Simon Kirby, MP for Brighton Kemptown and Peacehaven, will present the Bill after PMQs on a 10-minute rule motion.

Although it stands little chance of becoming law in its own right, aspects of the Bill have the sympathies of ministers and could find their way into a government bill later.

Kirby's Bill would revise the 1994 Public Order Act, he says, to give clarity to police and local authorities on who should take the lead on emptying illegal sites.

It also calls for changes to welfare checks, currently compulsory for travellers each time they are moved. He says that every time a traveller camp is removed from one site and established in another one nearby, local authorities must carry out a welfare check before attempting to evict them again.

His Bill would also allow for impounding of travellers vans if the owners do not move on when told to.

Speaking to HuffPost UK, Kirby says while Dale Farm was a high-profile episode, similar scenes happen in Brighton all the time. "There seems to be problems between the police and the local council on who is making the decisions whether to move people on or not.

"If people want to lead an alternative lifestyle, that's fine.
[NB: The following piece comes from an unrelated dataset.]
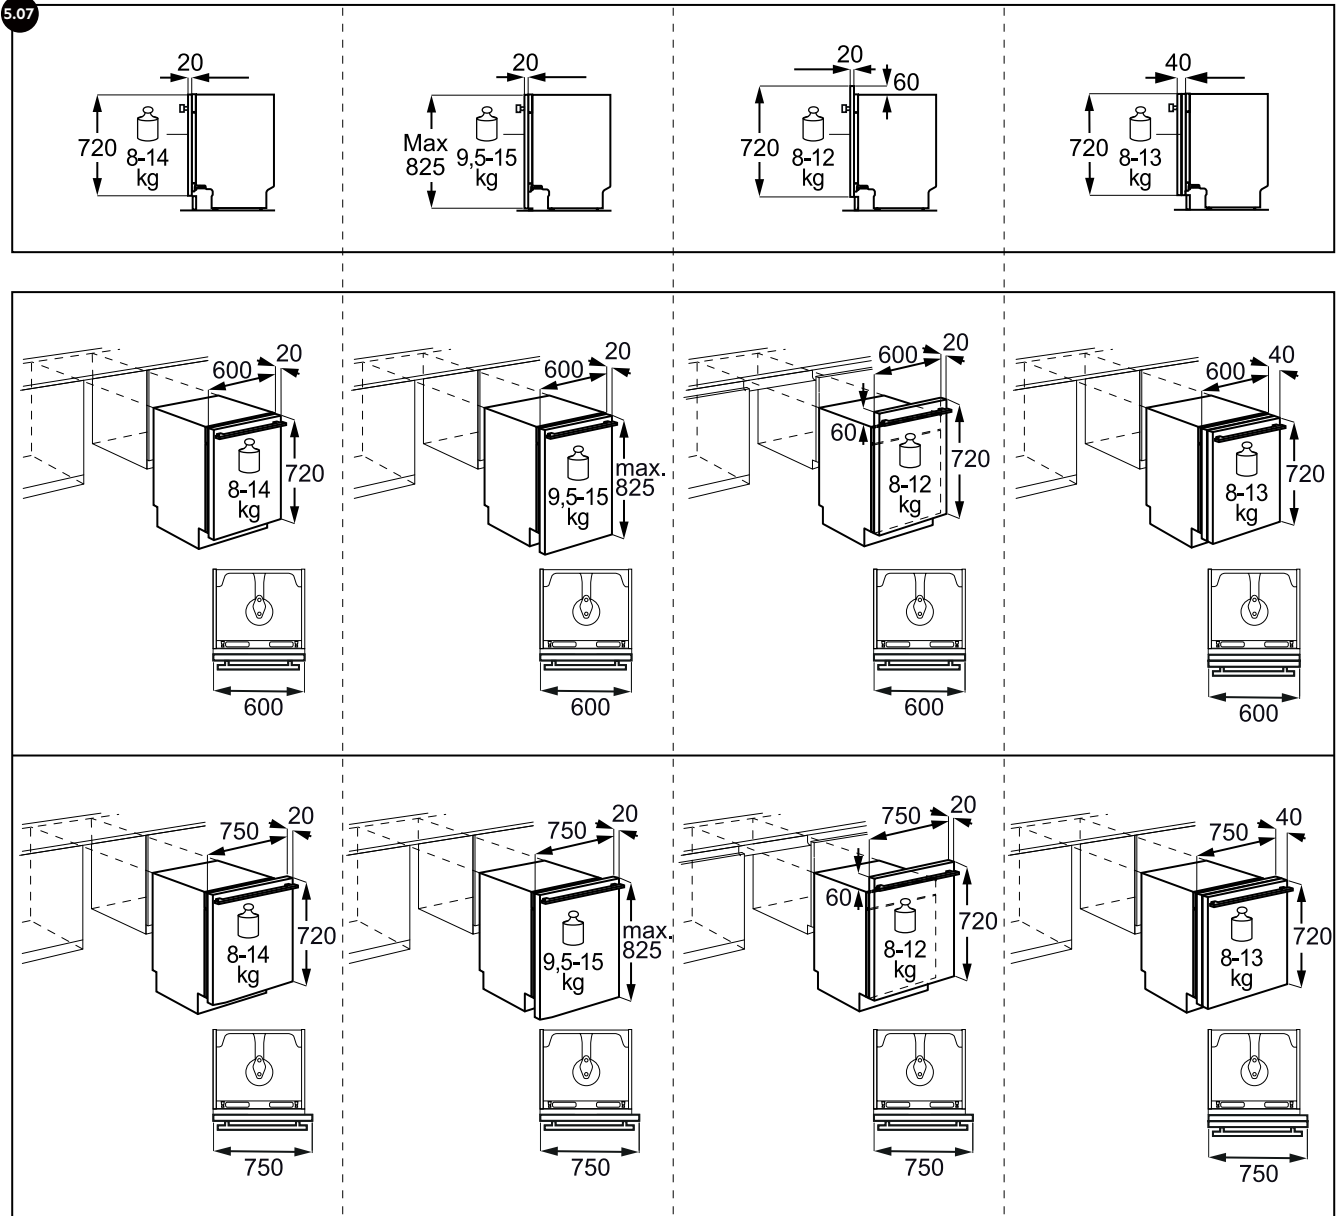

FHK74707P en **FHK74607P**: deze modellen kunnen alleen worden ingebouwd als aan de inbouwvoorwaarden, zoals aangegeven in de installatietekeningen, wordt voldaan.

But it's really about providing certainty and support for the settled community who are often very worried about travellers appearing overnight in residential areas."

"One of the issues in Brighton and Hove is that the travellers move from one site to the next, and they play the game by the rules that they're allowed to. Welfare checks are right and proper, but it seems ridiculous having moved travellers from one site to another, possibly only yards down the road, that the council then has go back to square one."

Several Tory MPs have indicated they will support the motion, and the Home Secretary Theresa May indicated on Monday that the government was looking at the issue.

"We are currently looking at whether we need to give extra powers to the police on clearing encampments," she told MPs during Home Office questions.